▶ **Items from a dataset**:
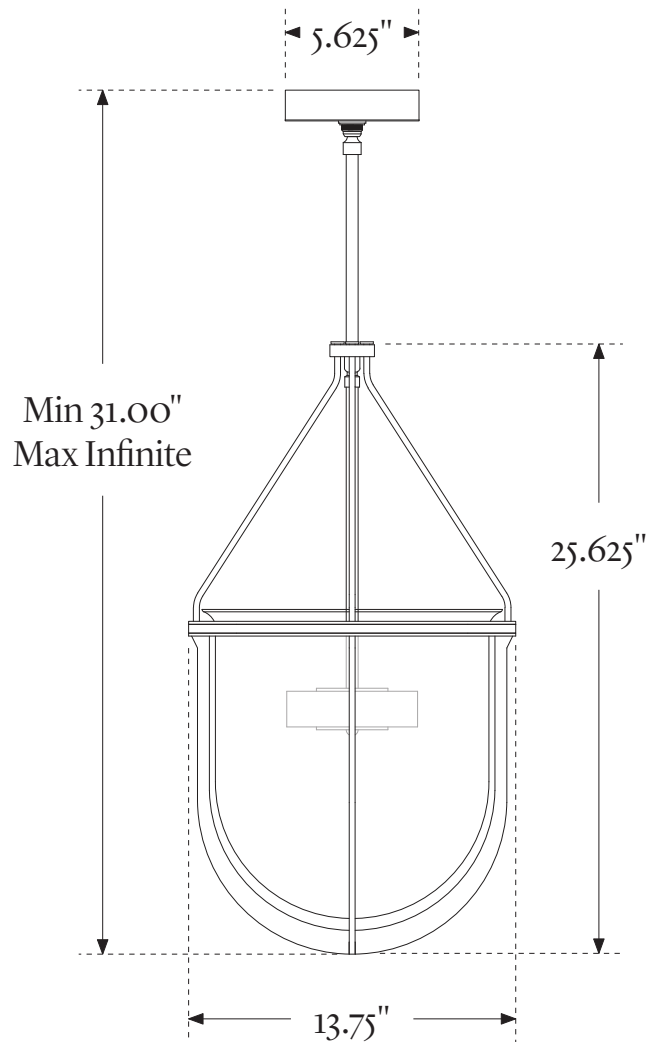

RILOH

Port 12

Shown in Brass with
12.5" Glass Bell Jar and
Frosted Solid Glass Light Discs

Port 12

Available Options	Dimensions	Lamping & Information
<p>Standard Finishes: Brass Brushed Steel Matte Black</p> <p>Premium 1 Finishes: August Brass Black Brass</p> <p>Premium 2 Finish: Brushed Nickel</p>	<p>Canopy Diameter: 5.625" Diameter: 13.75" Bell Jar Diameter: 12.50" Body Height: 25.625" Minimum Height: 31.00" Maximum Height: Infinite</p>	<p>18 watt led (150 watt total incandescent) 1500 Lumen Onboard Driver and LED Module LED life of 50,000 hours (27 years of normal use) 100–135V and 180–265V compatible</p>
<p>Glass Vessel: Clear</p>	<p>Weight: 21 lbs</p>	<p>UL listing file # E505276 Product is made to order Compatible with LED Dimmer Switches</p>
<p>Glass Light Sources: Clear Disc Frosted Disc</p> <p>Temperature: 2200K 2700K 3000K 3500K</p>		<p>Custom abilities and options available. Please inquire sales@riloh.com</p>

▶ **Requirement**: The word to look for is "with"; copy out every line of the entries that holds it.

▶ **Response**:
Shown in Brass with
<p>Glass Vessel: Clear</p>	<p>Weight: 21 lbs</p>	<p>UL listing file # E505276 Product is made to order Compatible with LED Dimmer Switches</p>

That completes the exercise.